# ACTION ITEM:
Return every line of the data that contains the string "angle".

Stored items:

□ □ □ □ □

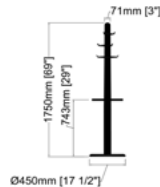

Dimensions:

W: 17.5" [450mm]
D: 17.5" [450mm]
H: 69" [1750mm]

info@2k1m.com

www.2k1m.com

Fai - Coat Stand available options:

Coat Stand - M01

Coat Stand - M02

Coat Stand - M03
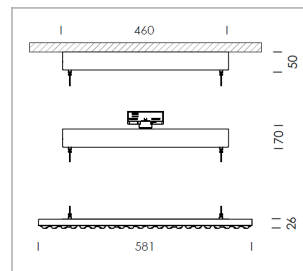

Pendiro TX

Article number: 80850005

LIGHT TECHNOLOGY

LED	SMD-Bord
Light colour	835
Luminous flux	7350 lm
System power	53 W
Luminaire Efficiency	139 lm/W
Reflector	WideFlood
Beam angle	60°

LUMINAIRE

Rotation angle	+165° / -165°
Weight	3.7 kg
Protection rating . class	IP 20 . I
Luminaire colour	matt white

□ □ □ □ □

# TASK OUTPUT:
Beam angle	60°
Rotation angle	+165° / -165°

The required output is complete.